[[ INPUT FOR THIS TASK, beginning ]]

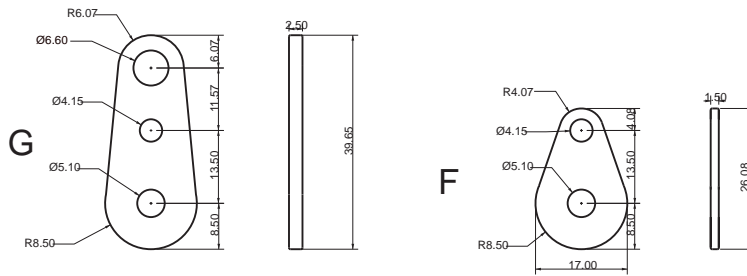

Tack Pulley with Clevis Pin and Split Ring

- All parts in #316 stainless steel.

www.ezzy-shop.de
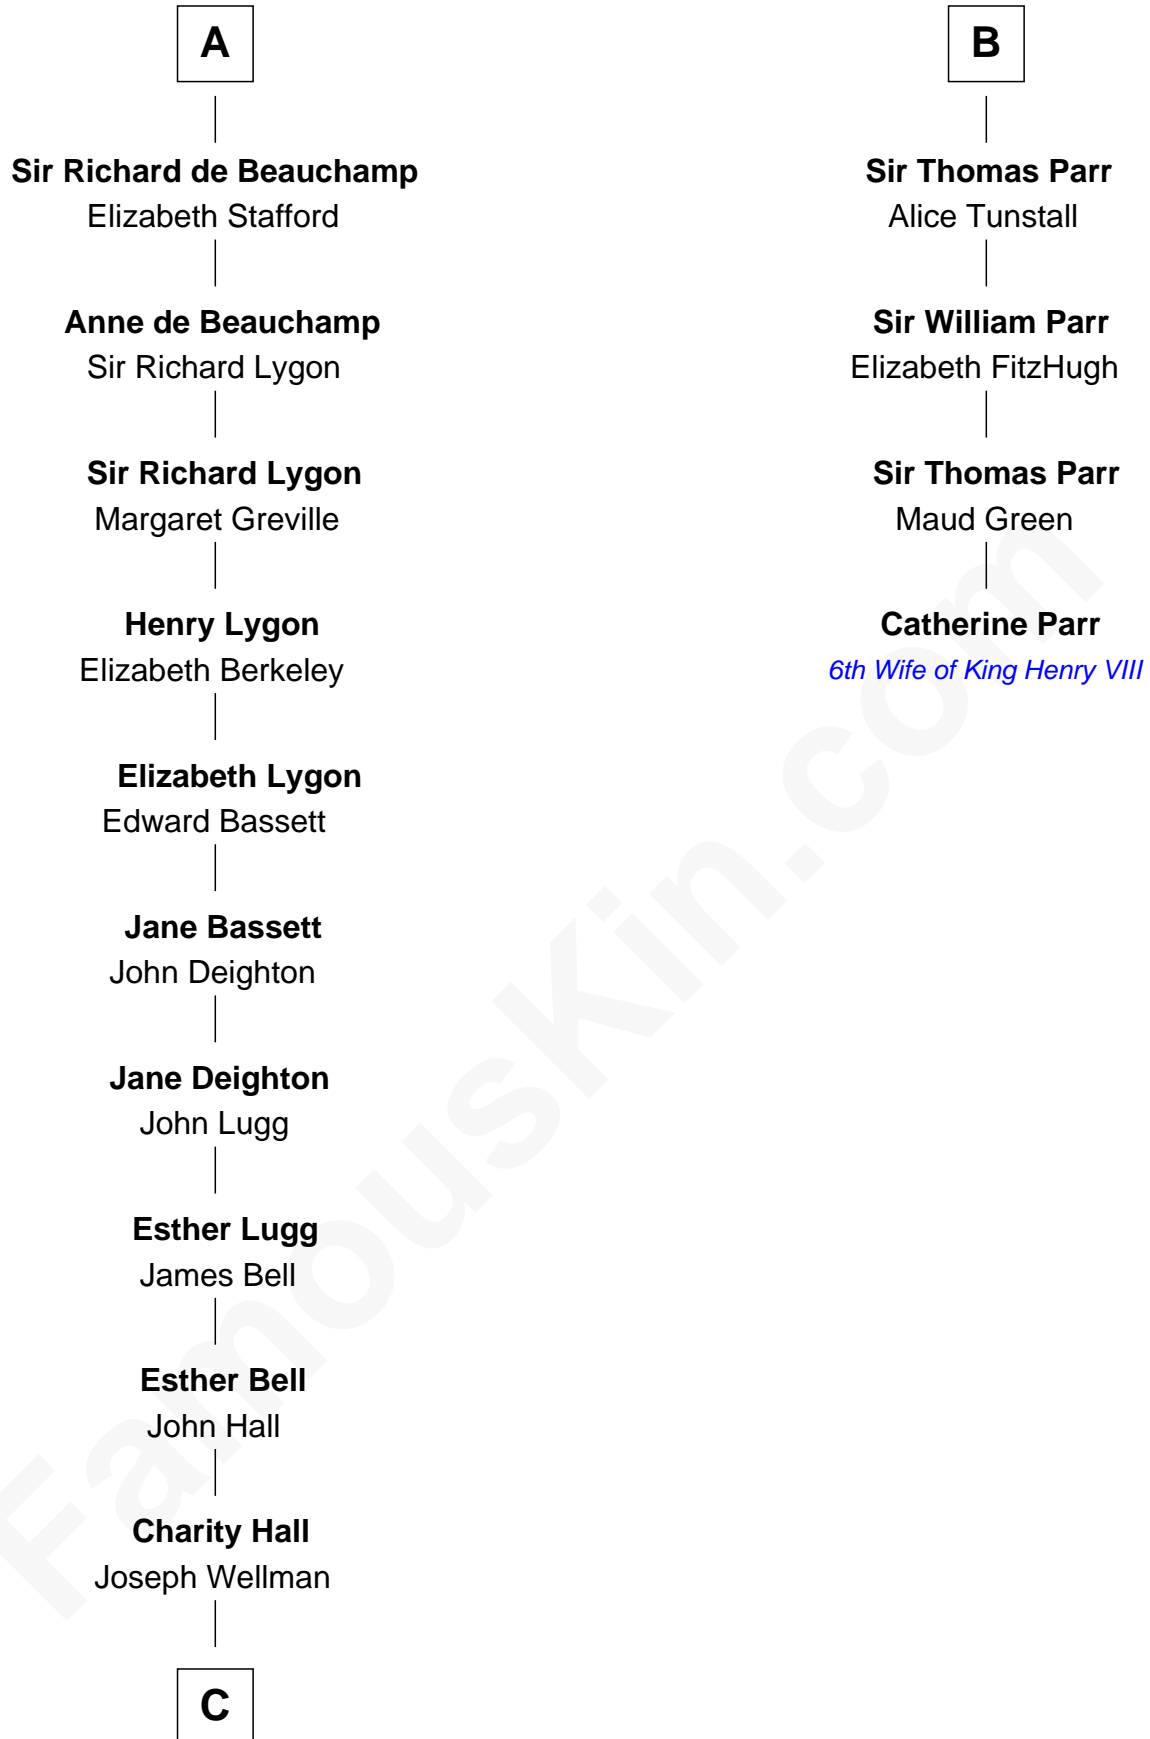

# FamousKin.com Relationship Chart of

**Jack London**

*Author of "The Call of the Wild"*

10th cousin 11 times removed of

**Catherine Parr**

*6th Wife of King Henry VIII*

**Raoul de Lusgnan**

Alice de Eu

**C**

—  
**Adam Wellman**

Esther Mann

—  
**Joel Wellman**

Betsey Baker

—  
**Marshall Daniel Wellman**

Eleanor Garrett Jones

—  
**Flora Wellman**

William Henry Chaney

—  
**Jack London**

*Author of "The Call of the Wild"*
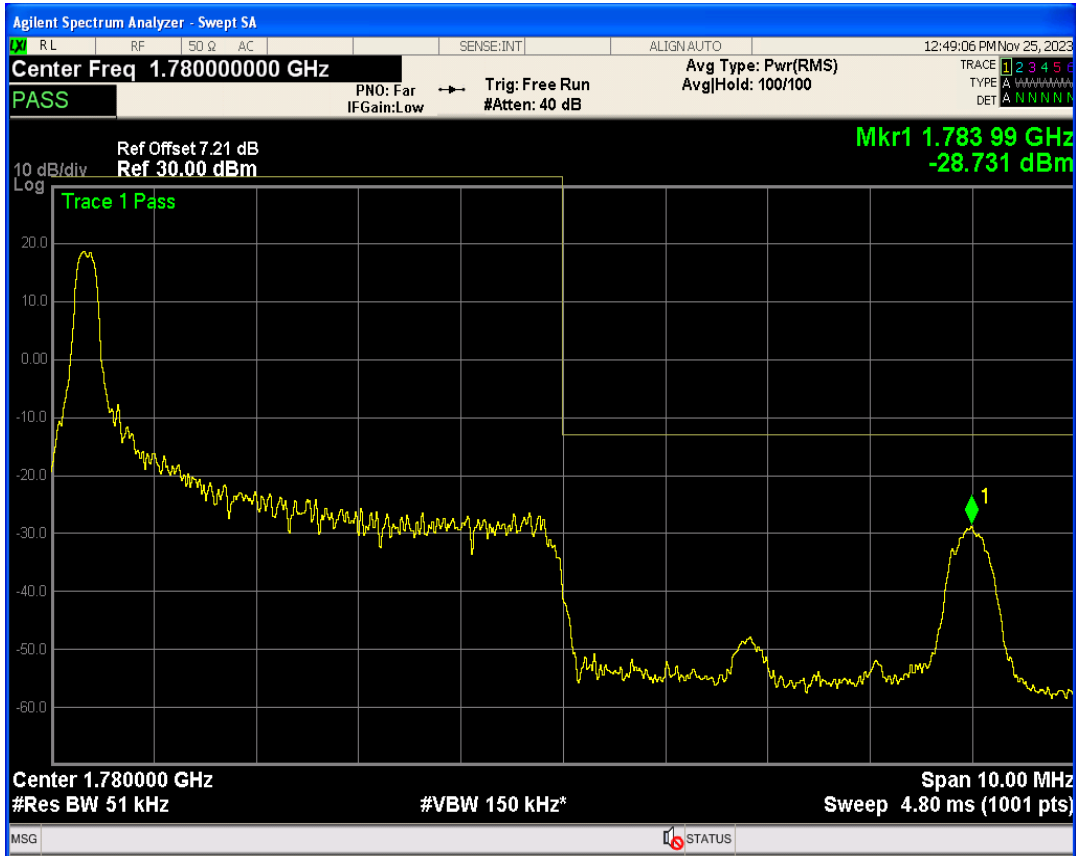

Band66 16QAM BW=5MHz Channel=131997 RB Size=1 Position=#0

Band66 16QAM BW=5MHz Channel=131997 RB Size=1 Position=#Max

Band66 16QAM BW=5MHz Channel=131997 RB Size=25 Position=#0

Band66 QPSK BW=5MHz Channel=132647 RB Size=1 Position=#0
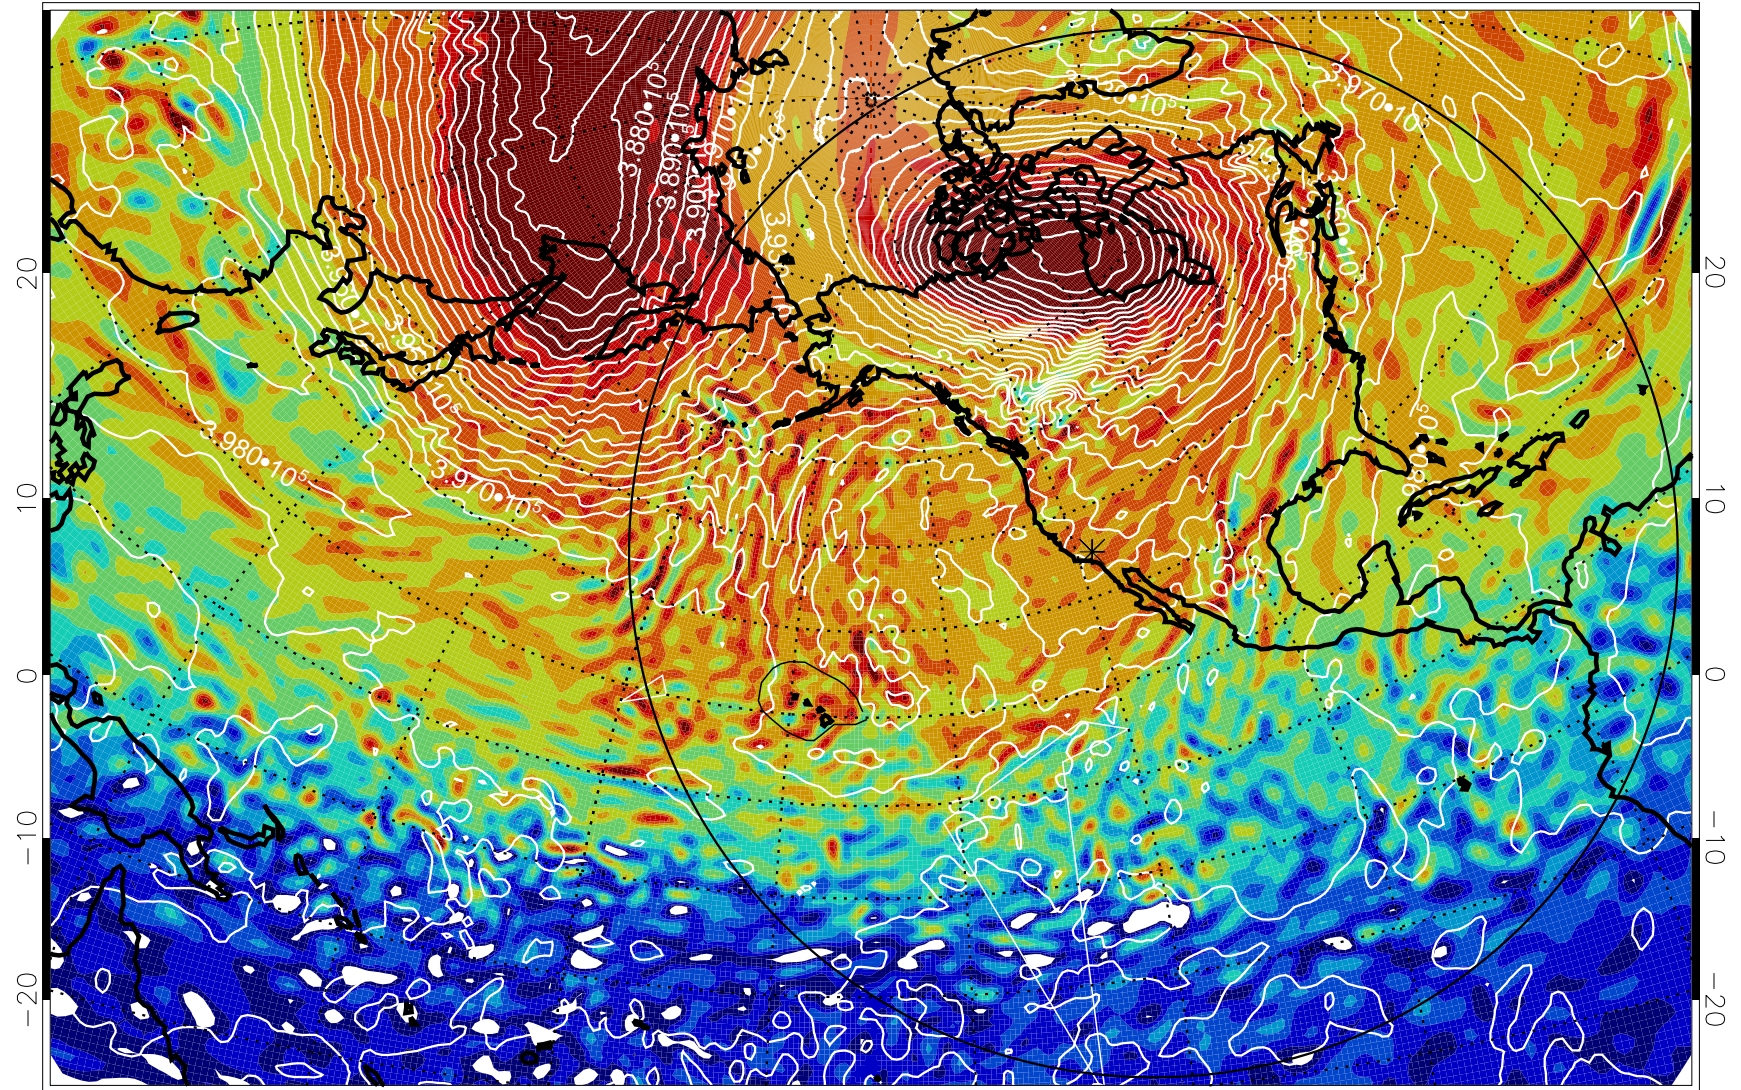

13011512, 36 hour forecast for 460K EPV

460K Montgomery Streamfunction, white

Range ring of 6000 km -- 19 hours GH round trip

13011518, 42 hour forecast for 460K EPV

460K Montgomery Streamfunction, white

Range ring of 6000 km -- 19 hours GH round trip

13011600, 48 hour forecast for 460K EPV

460K Montgomery Streamfunction, white

Range ring of 6000 km -- 19 hours GH round trip

13011606, 54 hour forecast for 460K EPV

460K Montgomery Streamfunction, white

Range ring of 6000 km -- 19 hours GH round trip

13011618, 66 hour forecast for 460K EPV

460K Montgomery Streamfunction, white

Range ring of 6000 km -- 19 hours GH round trip

13011706, 78 hour forecast for 460K EPV

460K Montgomery Streamfunction, white

Range ring of 6000 km -- 19 hours GH round trip

13011712, 84 hour forecast for 460K EPV

460K Montgomery Streamfunction, white

Range ring of 6000 km -- 19 hours GH round trip

13011718, 90 hour forecast for 460K EPV

460K Montgomery Streamfunction, white

Range ring of 6000 km -- 19 hours GH round trip
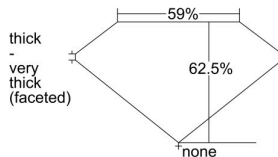

GIA®

FACSIMILE

GIA REPORT

7458418659

Verify this report at gia.edu

GIA NATURAL DIAMOND DOSSIER®

December 20, 2022
GIA Report Number 7458418659
Shape and Cutting Style ..... Pear Brilliant
Measurements ..... 7.41 x 4.95 x 3.09 mm

GRADING RESULTS

Carat Weight ..... 0.70 carat
Color Grade ..... E
Clarity Grade VVS2

ADDITIONAL GRADING INFORMATION

Polish ..... Excellent
Symmetry ..... Very Good
Fluorescence ..... None
Clarity Characteristics ..... Pinpoint
Inscription(s): GIA 7458418659

PROPORTIONS

Profile not to actual proportions

GRADING SCALES

GIA COLOR SCALE		GIA CLARITY SCALE			
COLORLESS	D	VERY VERY SLIGHTLY INCLUDED	FLAWLESS		
	E		INTERNALLY FLAWLESS		
	F	VERY SLIGHTLY INCLUDED	VVS₁		
	G		VVS₂		
	H		VS₁		
	NEAR COLORLESS	I	SLIGHTLY INCLUDED	VS₂	
		J		SI₁	
		FAINT	K	INCLUDED	SI₂
			L		I₁
			M		I₂
VERT LIGHT	N	LIGHT	I₃		
	O				
	P				
	Q				
	R				
	S				
	T
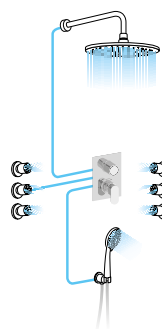

Možnosti instalace vodovodních baterií

Podomítkové baterie - 3 výstupy

Kompozice 31

[[ INPUT FOR THIS TASK, end ]]

Output the data verbatim, images excluded.

YOUR SOLUTION:
Tack Pulley with Clevis Pin and Split Ring

- All parts in #316 stainless steel.

www.ezzy-shop.de

# FamousKin.com Relationship Chart of

**Jack London**

*Author of "The Call of the Wild"*

10th cousin 11 times removed of

**Catherine Parr**

*6th Wife of King Henry VIII*

**Raoul de Lusgnan**

Alice de Eu

**C**

—  
**Adam Wellman**

Esther Mann

—  
**Joel Wellman**

Betsey Baker

—  
**Marshall Daniel Wellman**

Eleanor Garrett Jones

—  
**Flora Wellman**

William Henry Chaney

—  
**Jack London**

*Author of "The Call of the Wild"*

Band66 16QAM BW=5MHz Channel=131997 RB Size=1 Position=#0

Band66 16QAM BW=5MHz Channel=131997 RB Size=1 Position=#Max

Band66 16QAM BW=5MHz Channel=131997 RB Size=25 Position=#0

Band66 QPSK BW=5MHz Channel=132647 RB Size=1 Position=#0

13011512, 36 hour forecast for 460K EPV

460K Montgomery Streamfunction, white

Range ring of 6000 km -- 19 hours GH round trip

13011518, 42 hour forecast for 460K EPV

460K Montgomery Streamfunction, white

Range ring of 6000 km -- 19 hours GH round trip

13011600, 48 hour forecast for 460K EPV

460K Montgomery Streamfunction, white

Range ring of 6000 km -- 19 hours GH round trip

13011606, 54 hour forecast for 460K EPV

460K Montgomery Streamfunction, white

Range ring of 6000 km -- 19 hours GH round trip

13011618, 66 hour forecast for 460K EPV

460K Montgomery Streamfunction, white

Range ring of 6000 km -- 19 hours GH round trip

13011706, 78 hour forecast for 460K EPV

460K Montgomery Streamfunction, white

Range ring of 6000 km -- 19 hours GH round trip

13011712, 84 hour forecast for 460K EPV

460K Montgomery Streamfunction, white

Range ring of 6000 km -- 19 hours GH round trip

13011718, 90 hour forecast for 460K EPV

460K Montgomery Streamfunction, white

Range ring of 6000 km -- 19 hours GH round trip

GIA®

FACSIMILE

GIA REPORT

7458418659

Verify this report at gia.edu

GIA NATURAL DIAMOND DOSSIER®

December 20, 2022
GIA Report Number 7458418659
Shape and Cutting Style ..... Pear Brilliant
Measurements ..... 7.41 x 4.95 x 3.09 mm

GRADING RESULTS

Carat Weight ..... 0.70 carat
Color Grade ..... E
Clarity Grade VVS2

ADDITIONAL GRADING INFORMATION

Polish ..... Excellent
Symmetry ..... Very Good
Fluorescence ..... None
Clarity Characteristics ..... Pinpoint
Inscription(s): GIA 7458418659

PROPORTIONS

Profile not to actual proportions

GRADING SCALES

GIA COLOR SCALE		GIA CLARITY SCALE			
COLORLESS	D	VERY VERY SLIGHTLY INCLUDED	FLAWLESS		
	E		INTERNALLY FLAWLESS		
	F	VERY SLIGHTLY INCLUDED	VVS₁		
	G		VVS₂		
	H		VS₁		
	NEAR COLORLESS	I	SLIGHTLY INCLUDED	VS₂	
		J		SI₁	
		FAINT	K	INCLUDED	SI₂
			L		I₁
			M		I₂
VERT LIGHT	N	LIGHT	I₃		
	O				
	P				
	Q				
	R				
	S				
	T

Možnosti instalace vodovodních baterií

Podomítkové baterie - 3 výstupy

Kompozice 31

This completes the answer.